Goal of the exercise - Read through the records below and copy each line that uses the word "railstukken".

Records for this exercise -
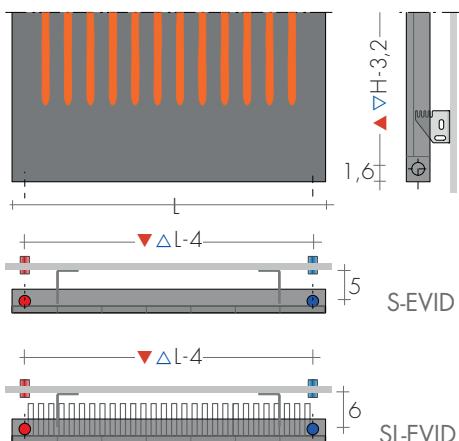

design Davide Brembilla

Des entailles colorées verticales, façon "fait main", pénètrent dans la géométrie simple et

rigoureuse du panneau. Les deux couleurs, du panneau et des entailles, s'harmonisent,

et donnent naissance à un nouvel élément de décoration d'une extrême intensité.

EN 442 Watt Δt 50K (Δt 40K = Wx0,755) - (Δt 30K = Wx0,526)

Δt autres que 50 K : consulter les Données techniques de Brem

COMMANDE

Indiquer : modèle (simple ou avec lamelles), hauteur et largeur en cm, raccordement et couleur du panneau/ des entailles.

Peinture d'après nuancier Brem +15/25%

Réalisations avec mesures SUIT, sur demande

RACCORDEMENT STANDARD

EG ø 1/2"

Raccords AC ou BD avec suppl.

Raccords spéciaux, p. 286

ENTRAXE RACCORDEMENTS

Raccords EG verticaux standard

Raccords latéraux sur demande Art. AS 75,50€

PANNEAUX

ROBINETS CONSEILLES

KIT ROBINETS CHROMES AVEC:

- n°2 Robinets avec cônes
- n°2 Raccords (multicouche ø16 et cuivre ø12,14)
- n°2 Rondelles cache-trou

Sur demande: Cache-tube en acier inox brillant (couper sur mesure) Art. CA18 10,80€
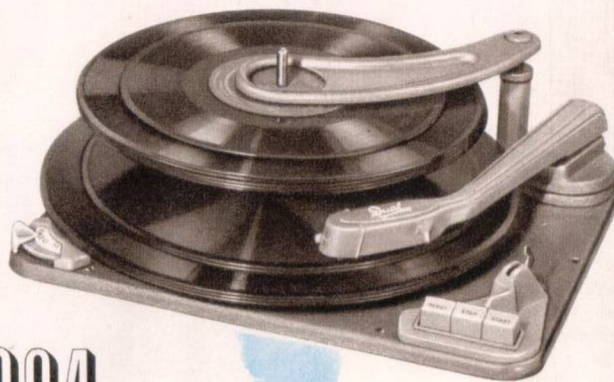

DUAL - SINNBILD SCHWARZWÄLDER PRÄZISIONSTECHNIK

Radio-Gerlach
Bad Kissingen
Balth.-Neumann-Promenade
Made in Germany

Dual

PLATTENSPIELER
PLATTENWECHSLER
ELEKTORRASIERER

party 295

Ein handlicher, artparter Phonokoffer mit dem Plattenspieler DUAL 295, der leicht überallhin mitgenommen werden kann, wo ein Rundfunkgerät vorhanden ist. Stabiles Holzgehäuse mit hübschem bastnarbigem Plastikbezug. Haltevorrichtung für zehn 17 cm-Platten (1½ Stunden Musik). Für Wechselstrom 110/150/220 Volt. Maße: 335 x 225 x 135 mm. Preis: DM 108.-

1004

Der richtige Plattenspieler für alle Musikfreunde, denen es auf bequemste Bedienung und exaktes Abspielen eines ganzen Programmes ankommt. Seine einzigartigen Konstruktionsmerkmale sind: 3 Drucktasten (Start, Wiederholung, Stop), 4 Drehzahlen 16, 33, 45 und 78 U/min, Roll-Pickup zur selbsttätigen Abtastung aller Plattengrößen und -arten von 17 bis 30 cm Ø. Synchronlauf, Plattenlift und noch vieles mehr. Vollendete Tonwiedergabe durch DUAL-Breitband-Kristallsystem in Hi-Fi-Qualität. Für Wechselstrom 110/150/220 Volt. Maße: 328 x 273 mm, Einbauhöhe 143 mm über, 75 mm unter der Platine. Preis DM 152.-. Abwurfsäule für 10 Platten mit großem Mittelloch Mehrpreis: DM 12.-
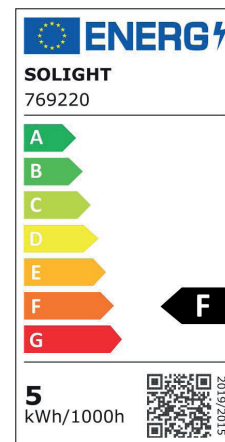

R7S

AMP.R7S.5,1W.4100K.ND.TSP

CODE COREP : 655449

EAN 13 :

3 188000 769220

So light

Rue Radio-Londres
CS50001 - 33323 BÈGLES CEDEX (FRANCE)
France : contactpro@corep.com
Export : export@corep.com
www.corep.com

Coloris : transparent

R7S - 5W

Lumens : 539

Durée de vie : 25 000h

Angle : 360°

Color : clear

IRC : 85

Kelvins : 4100

Allumage : 15 000x

Description : Ampoule R7S non dimmable. CRI80.

R7S LED bulb no dimmable. CRI80.

POIDS NET/NET WEIGHT : **10 gr**

COLIS 1 BLISTER

L7xP7xH12 cm

POIDS BRUT/GROSS WEIGHT : **18 gr**
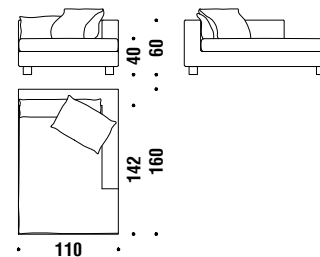

Nebula Light left element 160x110 fiber

Nebula Light elem. sx 160x110 fibra

H25

8,9mt. 16,9m² 1,5m³ 58Kg

Nebula Light right element 160x110 fiber

Nebula Light elem. dx 160x110 fibra

H26

8,9mt. 16,9m² 1,5m³ 58Kg

Nebula Light chaise longue left 110x160 fiber

Nebula Light chaise long.sx 110x160 fibra

H27

9,3mt. 17,7m² 1,5m³ 56Kg

Nebula Light chaise longue right 110x160 fiber

Nebula Light chaise longue dx 110x160 fibra

H28

9,3mt. 17,7m² 1,5m³ 56Kg

Nebula Light element160x160 fiber

Nebula Light elemento 160x160 fibra

H30

9,4mt. 17,9m² 2m³ 68Kg

Nebula Light stool 140x140 fiber

Nebula Light pouf 140x140 fibra
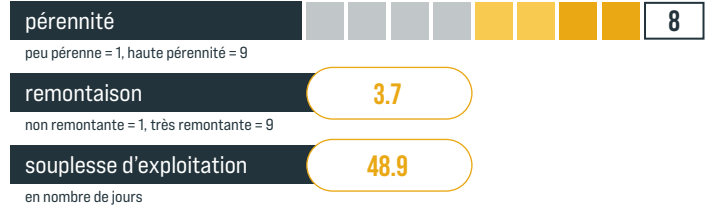

AGRONOMIE SOURCE HERBE BOOK

QUALITÉ ALIMENTAIRE SOURCE HERBE BOOK

UFL valeur **0.88**
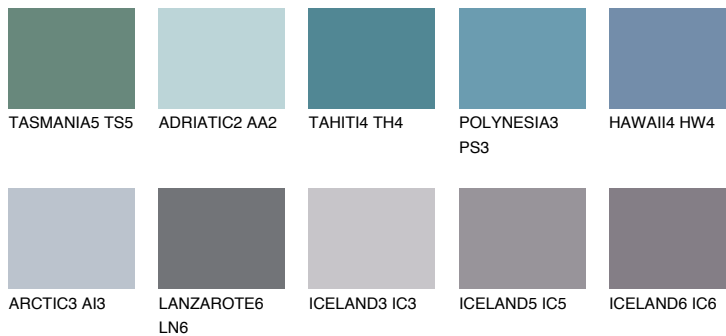

HAWAII5 HW5

☀️ 17% **TSR 22%**

Passzoló színek

COLOURS

Intenzív színek

További információért látogasson el a
www.ceresit.hu

*A látható színek a Ceresit által kínált összes vakolatra és festékre vonatkoznak. A tényleges színek kis mértékben eltérhetnek az itt láthatóktól, ez függ a felülettől, a körülményektől és a választott vakolat textúrájától. Javasoljuk a valódi színminták ellenőrzését is a Ceresit forgalmazójánál.
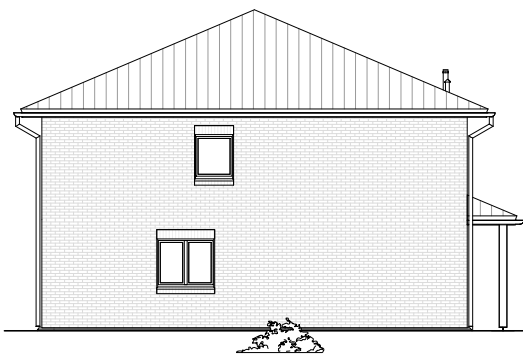

Doppelhaus Stadtvilla 155

0 Erdgeschoss 70,72 m² links

0 Erdgeschoss 70,72 m² rechts

TEAM
MASSIVHAUS

Ihr Schlüssel zum Traumhaus

Team Massivhaus GmbH

Hollerstraße 128 Tel.: 04331/33110-0

24782 Bündelsdorf Fax: 04331/33110-9

www.team-massivhaus.de

5.7.12

Die Zeichnungen enthalten Sonderausstattungen!

M 1 : 100

M 1 : 200

M 1 : 200

Doppelhaus Stadtvilla155

1 Obergeschoss	69,55 m ²	links
Gesamt	212,92 m²	links
1 Obergeschoss	69,55 m ²	rechts
Gesamt	212,91 m²	rechts
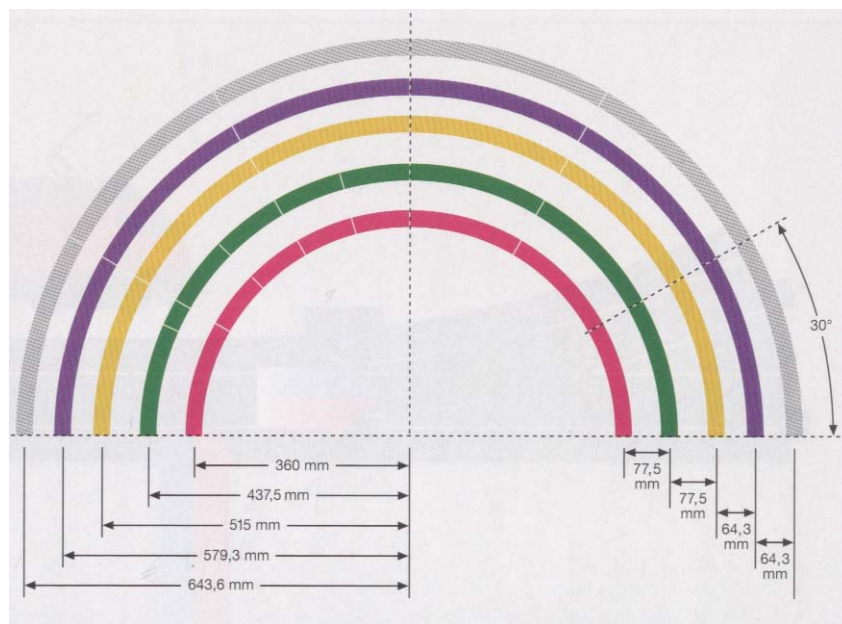

Geometrie C-Rails (Marklin)

Bron: Märklin..

Kleurcodering:

- Gebogen railstukken en kruisingen
- Gebogen railstukken en wissels voor boogstraal 1 (R1)
- Gebogen railstukken en wissels voor boogstraal 2 (R2)
- Gebogen railstukken voor boogstraal 3 (R3)
- Gebogen railstukken voor boogstraal 4 (R4)
- Gebogen railstukken voor boogstraal 5 (R5)
- Gebogen railstukken en wissels voor boogstraal 9 (R9)

Geometrie C-Rails.
 Bron: Märklin.

Geometrie C-Rails Bron: Märklin..

Geometrie C-Rails.
Bron: Märklin.

Geometrie C-rails.
Bron: Märklin.
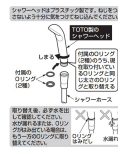

品番：EA468BX-94B

品名：1600mm シャワーホース

販売価格	6,120円(税抜) / 6,732円(税込)		
カタログ価格	6,120円(税抜) / 6,732円(税込)		
在庫数	最新在庫: 2 (2024/10/06 16:25現在)		
商品入数	1	販売単位	本
カタログページ			

仕様

メーカー	TOTO	型番	THY478ELLR #NW1
ねじ径	本体側:W24山20 シャワーヘッド側:G1/2"	ホース長	1.6m
ホース外径	16mm	色	ホワイト
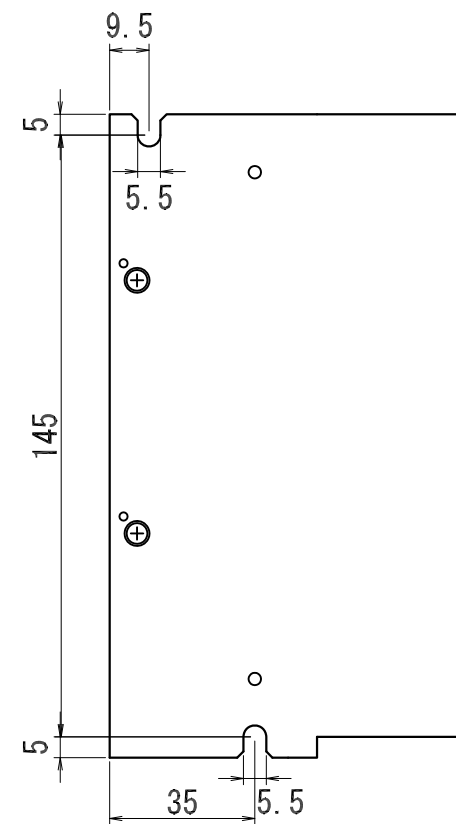

取付穴位置

NCR-DCC0A**-801*

VPS外形図 I/O仕様
SE-39840D

Answer for the task -
- Gebogen railstukken en kruisingen
- Gebogen railstukken en wissels voor boogstraal 1 (R1)
- Gebogen railstukken en wissels voor boogstraal 2 (R2)
- Gebogen railstukken voor boogstraal 3 (R3)
- Gebogen railstukken voor boogstraal 4 (R4)
- Gebogen railstukken voor boogstraal 5 (R5)
- Gebogen railstukken en wissels voor boogstraal 9 (R9)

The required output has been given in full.